Yes, I also thought about range checks not being eliminated if using
charAt() but I guess that depends on how smart the JIT is - if charAt is
inlined there's technically enough info there for the compiler to see
that range checks aren't needed. Whether that happens or not I haven't
checked. toCharArray brings us back to having allocations unless,
again, EA helps out. I think a microbenchmark would help here (along
with verbose GC logging) to see which is better if this is a concern.
Why do you say you need to duplicate String.hashCode to be consistent
with what people are using already? As long as the hash quality is at
least as good as today (or not significantly worse) shouldn't you be
able to change the impl? If someone's relying on specific value for some
input then their code is broken. Besides, doing toUpper will change the
hash for URIs with % anyway. Perhaps I misunderstood your point though ...
Vitaly
Sent from my phone
On Jan 8, 2013 11:04 PM, "Kurchi Subhra Hazra"

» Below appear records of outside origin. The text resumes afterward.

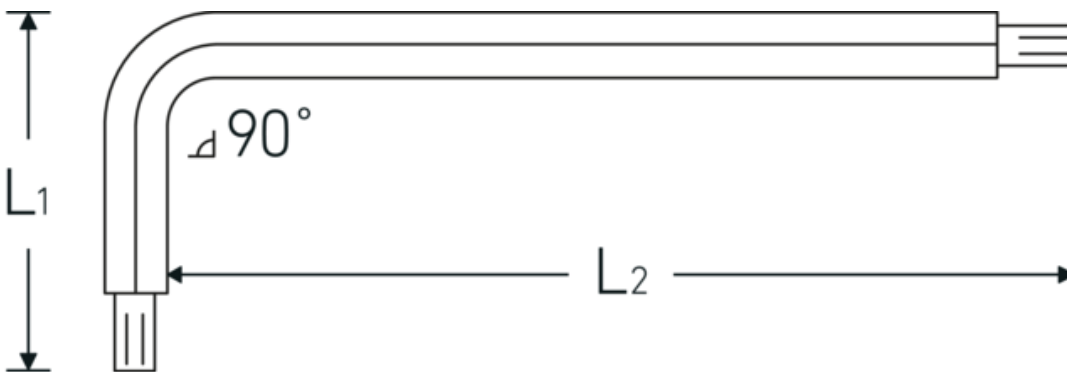

Hex key with ball end for TORX® screws

10771

Product no. **43273025**
 GTIN **4018754332700**
 Model **10771 T25 KUGELKOPF-
 WINKELSCHRAUBENDREHER
 TORX**

Label.

Hex key with ball end for TORX® screws L.33mm x 163mm

Features.

- for inside TORX® screws
- extra long
- with ball end on long arm
- swivel angle up to 25° each side
- Chrome Vanadium, gunmetal finish

Technical Drawing.

Technical Attributes.

Drive profile	TORX®
Size of output profile	T25
L1	33 mm
L2	163 mm

Logistics data.

Depth mm (IFS)	99
Width mm (IFS)	21
Height mm (IFS)	5
Length (packed, mm)	99

Width (packed, mm)	21
Height (packed, mm)	5
Volume (packed, dm3)	0.010395 dm3
Product no.	43273025
Weight (gross, kg)	0,014
Weight PAP (kg)	0,000
Weight PVC (kg)	0,000
GTIN	4018754332700
Country of origin AWR	GERMANY
Region of origin	Nordrhein-Westfalen
WEEE/ElektroG	nicht ear-pflichtig
Customs tariff no.	82041100
Packing standard	1
Weight	24 g

Variants.

Product no.	Model no. (ERP)	Description	GTIN
43273009	10771 T9 KUGELKOPF-WINKELSCHRAUBENDREHER TORX	Hex key with ball end for TORX® screws L.18mm x 67mm	4018754332663
43273010	10771 T10 KUGELKOPF-WINKELSCHRAUBENDREHER TORX	Hex key with ball end for TORX® screws L.23mm x 121mm	4018754332670
43273015	10771 T15 KUGELKOPF-WINKELSCHRAUBENDREHER TORX	Hex key with ball end for TORX® screws L.27mm x 136mm	4018754332687
43273020	10771 T20 KUGELKOPF-WINKELSCHRAUBENDREHER TORX	Hex key with ball end for TORX® screws L.29mm x 148mm	4018754332694
43273025	10771 T25 KUGELKOPF-WINKELSCHRAUBENDREHER TORX	Hex key with ball end for TORX® screws L.33mm x 163mm	4018754332700
43273027	10771 T27 KUGELKOPF-WINKELSCHRAUBENDREHER TORX	Hex key with ball end for TORX® screws L.36mm x 176mm	4018754332717
43273030	10771 T30 KUGELKOPF-WINKELSCHRAUBENDREHER TORX	Hex key with ball end for TORX® screws L.38mm x 191mm	4018754332724
43273040	10771 T40 KUGELKOPF-WINKELSCHRAUBENDREHER TORX	Hex key with ball end for TORX® screws L.43mm x 210mm	4018754332731
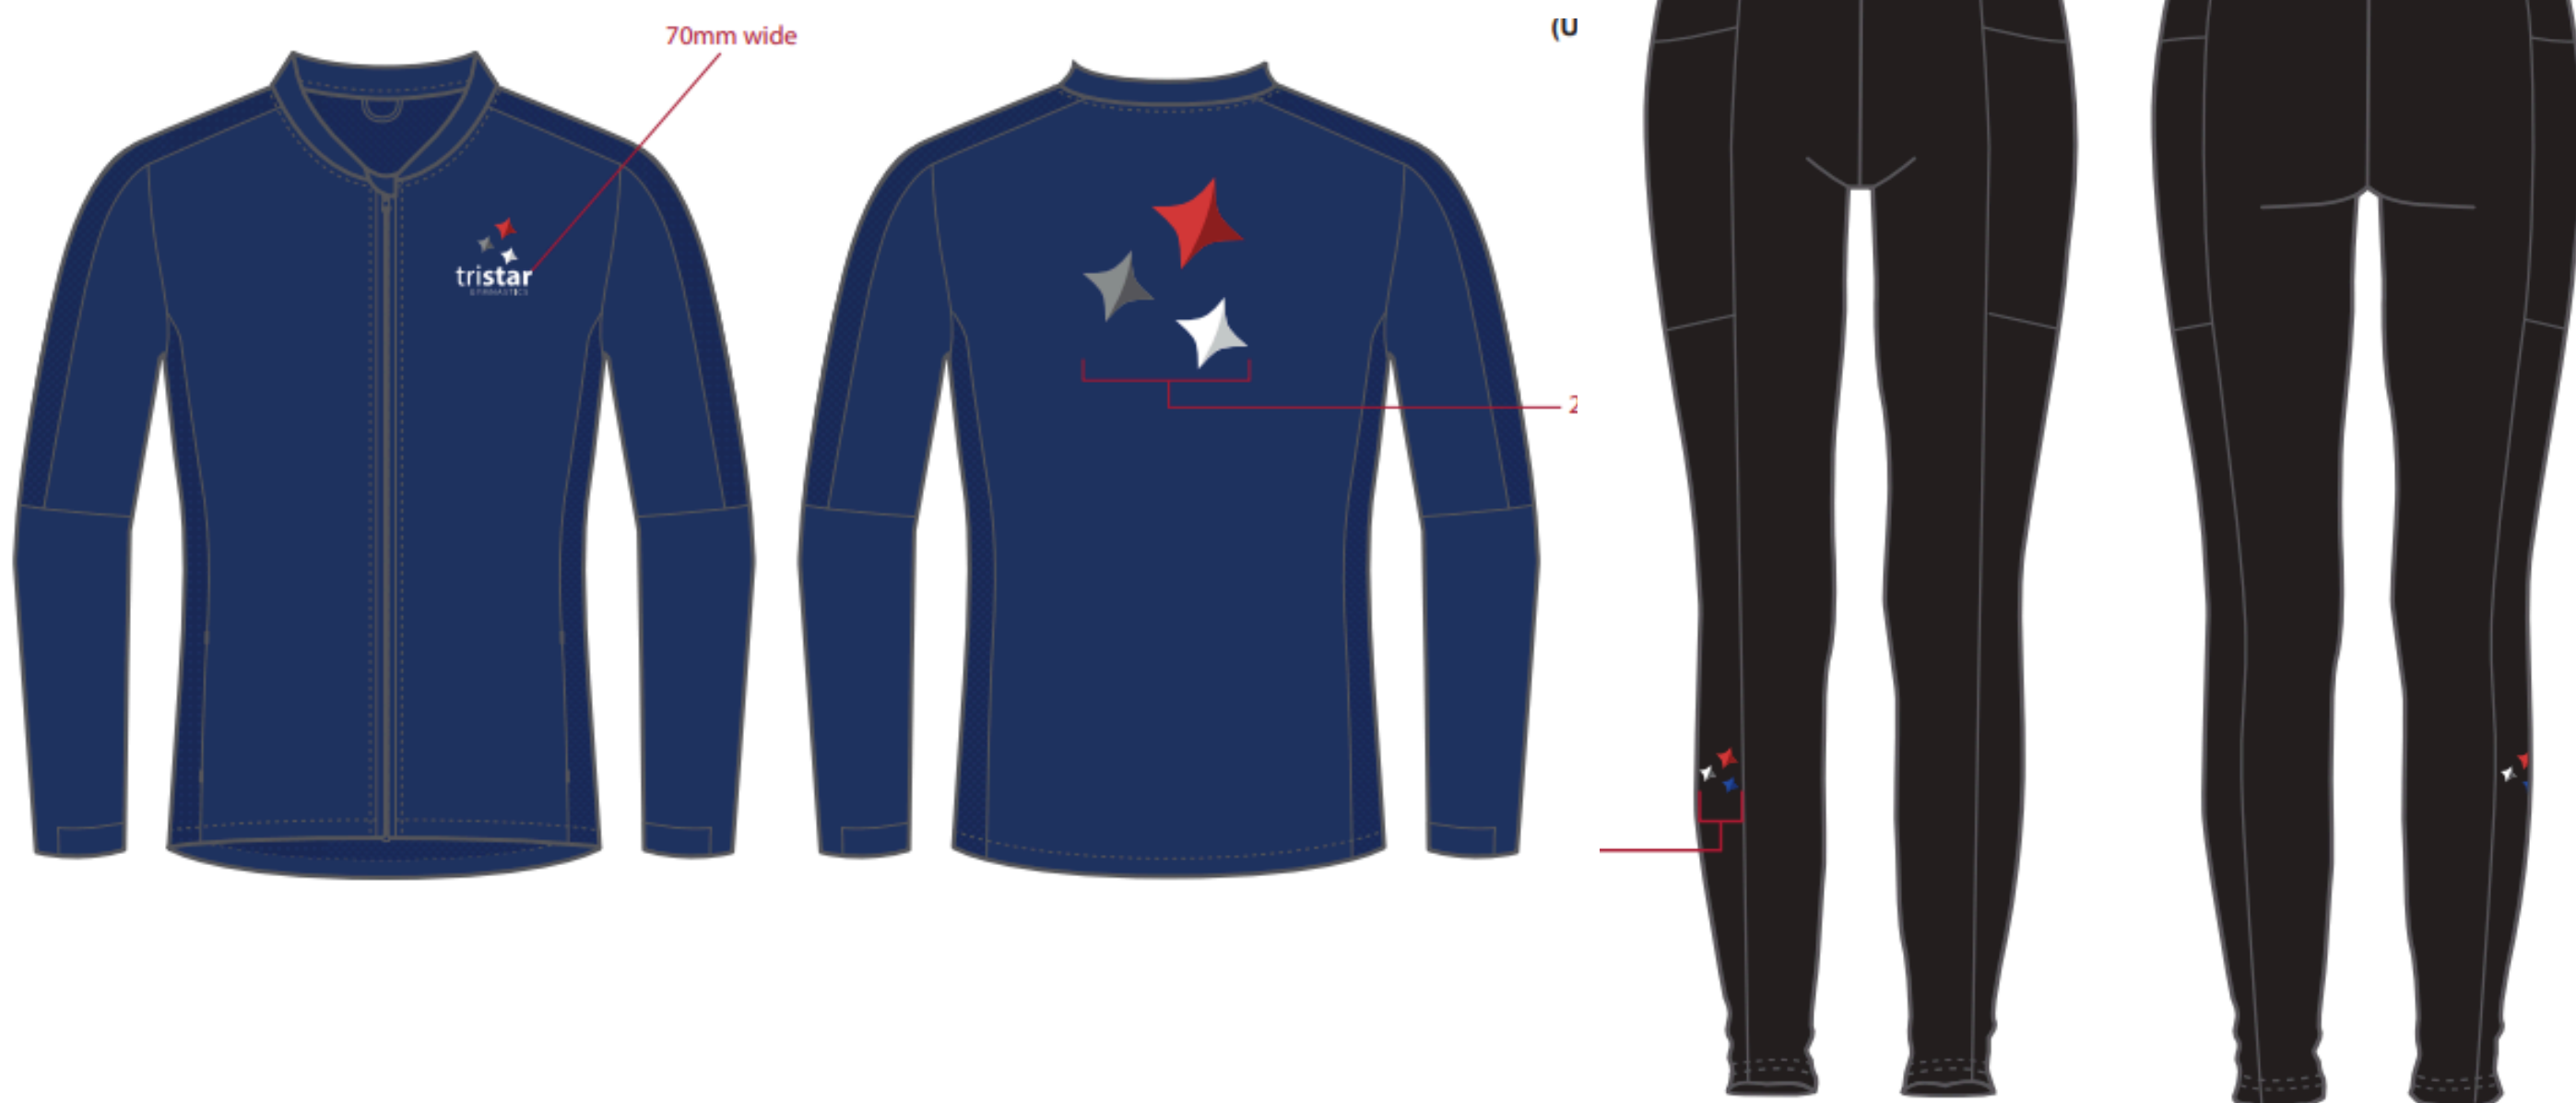

Item/Size	4/6	8	10	12	14	XS	S	M	L	XL
Track Jacket										
Half Chest (cm)	43.5	45.5	47.5	49.5	51.5	52	54.5	57	59.5	62
Body Length (cm)	48	51	54	57	60	62	64	66	68	70
Tights (Full Length)										
Half Waist (cm)		22.5	24	25.5	27	27.5	30	32.5	35	37.5
Outer Leg Length (cm)		64	66	68	70	71.5	73	74.5	76	77.5

<kurchi.subhra.ha...@oracle.com <mailto:kurchi.subhra.ha...@oracle.com>>
wrote:
On 1/8/13 6:55 PM, Vitaly Davidovich wrote:
Also, I'm not sure how hot this method is in practice but
allocating StringBuilder seems a bit heavy (maybe it gets
partially escape analyzed out though). Can you instead loop over
all the chars in the string and build up the hash code as you go
along? If you see a % then you handle next 2 chars specially, like
you do now. Or are you trying to take advantage of String
intrinsic support in the JIT? I guess if perf is a concern you can
write a micro benchmark comparing the approaches ...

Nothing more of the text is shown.